Este gobierno progresista de izquierda ha hecho lo que le ha venido en gana. No sólo nos ha acostumbrado a dar por sentado que las aberraciones, los trastornos, los vicios y la inmoralidad son comportamientos permitidos bajo su fracasada gestión, sino que ha tenido la desfachatez de doblegar el poder legítimo de las instituciones para seguir el derrotero impuesto por Maduro y sus aliados de Cuba.
Desde el mismo 7 de agosto de 2022, tras decapitar por decreto a la cúpula de generales y altos oficiales, debimos entender que la idea central de reivindicar a la guerrilla y vengar su memoria no tendría freno. Hoy, luego del amañado juicio y posterior fallo contra del expresidente Álvaro Uribe Vélez, nos asomamos al precipicio sin fondo de la politización de la justicia.
Era inimaginable, y sin embargo se volvió realidad: un juicio gaseoso, carente de ponderación, vengativo y mezquino; un proceso sometido a la presión de ideologías, simpatías políticas y odios acumulados. Un juicio que más que decisión judicial, parecía capítulo inaugural del actual plan de gobierno.
Sabían que, atacando a Uribe -el gran colombiano, como lo llaman millones-, herían profundamente lo que él representa: el carácter y el equilibrio de una Nación. También sabían que para consumar su propósito debían fracturar el derecho probatorio con juicios cargados de subjetividad, porque no tenían, nunca han tenido, cómo esclarecer, ni cómo probar, ni cómo descubrir, y mucho menos cómo juzgar en verdad y derecho.
Todo el proceso estuvo atravesado por un común denominador: la venganza sin verdad, la duda. Y aunque el principio jurídico es claro -ante la duda, el juez debe fallar a favor del procesado-, aquí se optó por la antítesis: castigar no al actor de un posible hecho ilícito, sino al opositor político del régimen.
Las actuaciones judiciales en derecho merecen respeto, al igual que las personas que administran justicia. Pero en este caso fuimos testigos de una justicia extraña, herida, desfigurada; una justicia sin prestigio, envuelta en penurias y miserias, donde los principios fueron suplantados por consignas y el derecho en instrumento de venganza y odio político.

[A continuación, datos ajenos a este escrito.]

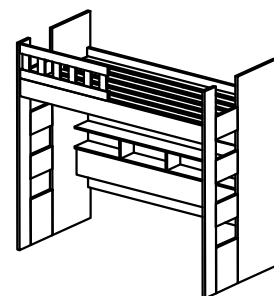

Ref.U2335 Cama beliche Alt. 1820 x Larg.970 x Comp.1950 mm MDF UV

Ferragem	Quat.
Cavilha 8 x 30 mm 	08
Cavilha 6 x 30 mm 	28
Parafuso minifix 	23
Tambor para minifix 	23
Parafuso 3,5 x 25 cc (para fundo) 	16
Parafuso 3,5 x 35 cc 	35
Parafuso soberbão 7 x 40 mm 	14
Tampa adesiva 19 mm 	25
Parafuso 1/4 x 3,2/1 	12
Porca Elip. 1/4 	12
Sapata 15 x 60 mm 	06

Ordem N° Descrição

- 1 1387 Barra lateral
- 2 1394 Colunas
- 3 1395 Fundo
- 4 1387 Barra lateral
- Parte de baixo
- 5 1400 Prateleira
- 6 1393 Divisórias
- 7 14622 Prateleira
- 8 14619 Coluna frontal
- 9 14618 Fundo de 15 mm
- 10 1386/14621 Cabeceira esquerda
- 12 1384/14620 Cabeceira direita
- 13 1396 Ripas (lastro)

Ordem N° Descrição

- 1 6910 Cabeceira
- 2 414 Barras
- 3 6910 Peseira
- 4 ---- Lastro

Altura 454 Largura 1670 Comprimento 2050 mm

Ref. 2317 Grade de proteção de MDF BP

Alt. 300 Comp. 910 Prof.25 mm

Ferragem	Quat.
Parafuso 3,5 x 14 cc	02
Parafuso 4 x 25 cc	06
Cantoneira 13 x 13 mm	01

Lo que ocurrió, fue en esencia, una aplicación encubierta de lo que el jurista Günther Jakobs denominó en 1985 el “derecho penal del enemigo”: ese conjunto de normas que, en regímenes autoritarios, busca diferenciar entre ciudadanos “amigos” y “enemigos”, para brindarles niveles distintos de protección jurídica. Un concepto profundamente peligroso, rechazado por la doctrina jurídica seria, porque atenta directamente contra la dignidad humana, piedra angular del Estado de Derecho.
Y sin embargo, aquí estamos ante un Gobierno que intenta enquistarse en el poder usando las herramientas jurídicas como arietes ideológicos. La justicia no puede, no debe, convertirse en una estrategia jurídica-política para aniquilar al disidente, en un arma de combate contra quien no le es funcional al sistema. Porque si así fuere, como bien advirtió Carl Schmitt, “el Estado terminaría haciendo más daño que el que podrían causar sus supuestos enemigos”.
No se pueden utilizar normativas jurídicas peligrosas, como esta del “derecho penal del enemigo”, contra los opositores políticos ni contra ningún ciudadano. Confiamos en que el sistema judicial vuelva a ser garante, y no verdugo, de los principios y valores que rigen nuestra sociedad. La justicia no puede ser un arma de lucha despiadada.
Es difícil para una sociedad, que aún cree en la ley y el derecho, conservar el aliento y reconocer autoridad gubernamental en medio de este panorama sombrío: impunidad para los malhechores, victimización de los delincuentes, corrupción rampante, legalización y convivencia con grupos subversivos y narcotraficantes, asesinatos, secuestros, extorsión.